Please count the lines in the material below that include "SIOR". Reply with the number alone.
[Start of section]
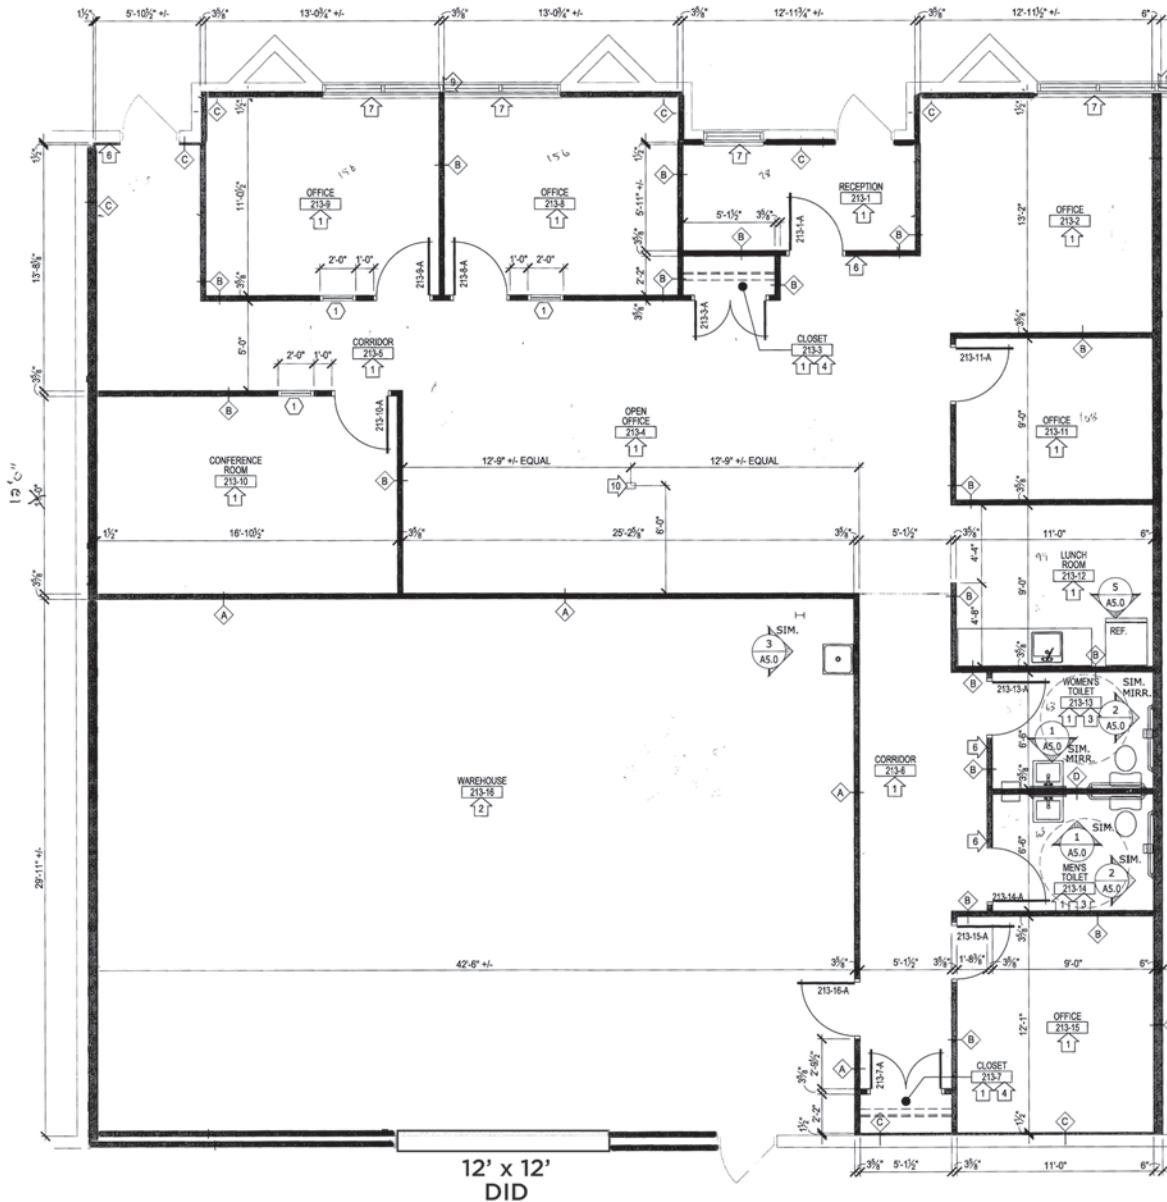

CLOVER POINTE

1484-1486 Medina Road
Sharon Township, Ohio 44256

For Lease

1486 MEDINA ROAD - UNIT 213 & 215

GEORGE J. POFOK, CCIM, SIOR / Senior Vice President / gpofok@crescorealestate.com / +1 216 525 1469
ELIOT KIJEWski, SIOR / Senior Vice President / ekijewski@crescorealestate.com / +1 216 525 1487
[End of section]
Task solution: 2